É muito comum encontrarmos pessoas que iniciaram um programa de treinamento para corrida e por algum motivo não alcançaram o objetivo estabelecido inicialmente, seja ele um determinado desempenho ou mesmo o ganho de saúde e qualidade de vida.
Está na maneira como encaramos a corrida o segredo para torná-la sustentável, ou seja, não podemos encarar o treino como um remédio que estamos tomando para resolver determinado problema, seja ele de saúde ou puro estresse.
Assim que sentimos as primeiras melhoras, resultado das alterações fisiológicas ao esforço, temos a tendência de pensar que o problema inicial está resolvido, e como com qualquer medicamento paramos de tomar. É neste ponto que a postura sustentável do corredor deve prevalecer, são elas:
- O corredor sustentável deve sempre pensar que a fase inicial de treino será a base para sua evolução segura e contínua. Esta adaptação deve ser feita com muito cuidado e coerência, principalmente na relação do volume e da intensidade dos treinos.
- O acompanhamento profissional qualificado é a maneira mais indicada para se formular um planejamento de treino que respeite suas necessidades individuais e desta forma possibilite que a prática da corrida se torne uma atividade de longo prazo.
- A proteção articular, adquirida com o fortalecimento muscular direcionado, é um dos maiores aliados na segurança do corredor.
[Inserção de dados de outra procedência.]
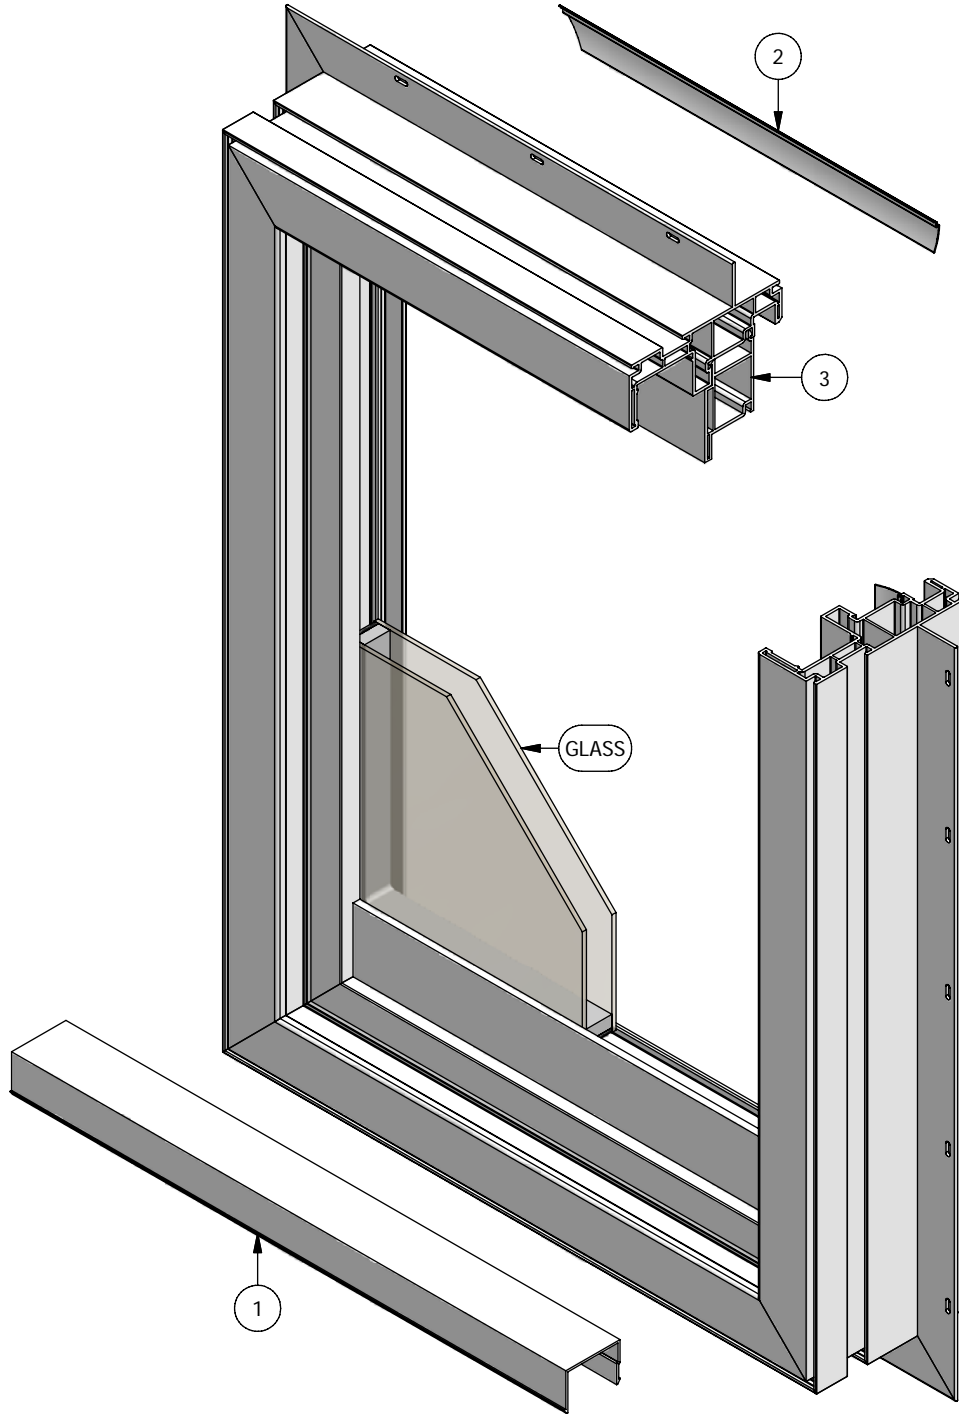

Next Dimension Pro Series Sliding Patio Door (Sidelite) Parts Identification

Next Dimension Pro Series Sliding Patio Door (Sidelite) Parts Identification

Image	Item #	Description	Color / Finish	Spec	Old	New SAP
	1	Frame Filler	White Clay	13'-0"	2370283 2371284	10054275 10054769
	2	Square Glazing Bead 3/4" OA IG (May '11 - Current)	White Clay Bronze Black Tan Ivory Cinnamon Green White	13'-0"	700013 701013 700013-BZ 700013-BK 700013-T 700013-I 700013-C 700013-G 700013-W	10057671 10054232 10116645 10116646 10116642 10116644 10116643 10116640 10116641
		Glazing Tape 1/16" x 1/2"	White	216 FT	394100	10055200
 Not Shown on Assembly Dwg		Curved Glazing Bead 1" OA IG (March '95 - April '11)	White Clay Bronze Black Tan Ivory Cinnamon Green White	13'-0"	900043 901043 900043-BZ 900043-BK 900043-T 900043-I 900043-C 900043-G 900043-W	10054560 10054247 10116543 10055281 10116540 10116542 10116541 10116538 10116539
	3	Filler Bar (Top & Bottom Rail)	White Almond Clay	14'-3"	700010 900360 701010	10054371 10054231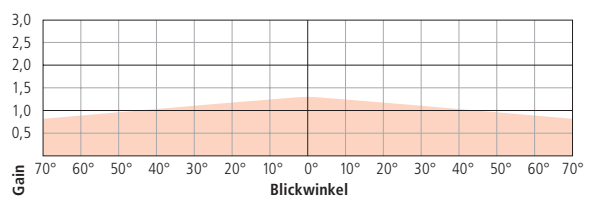

Projektionstücher

Aufprojektion: M-1300 schwarz umrandet

Com as articulações bem protegidas pela musculatura trabalhada de forma correta, este indivíduo terá condições de evoluir na intensidade e no volume do seu treino de forma gradativa.
- A corrida deve ser incorporada como mais uma atividade de sua rotina. Depois que este hábito estiver adaptado aos seus horários a falta de tempo não será mais motivo para deixar de treinar.
O cidadão com postura sustentável se preocupa com o destino do seu lixo, procura reciclar papel, latas e embalagens, economiza água e energia elétrica além de procurar empresas que fornecem bens e serviços com a mesma postura. Ser sustentável requer esforço, disciplina, consciência e acima de tudo força de vontade. Devemos ser assim como cidadãos e também como corredores!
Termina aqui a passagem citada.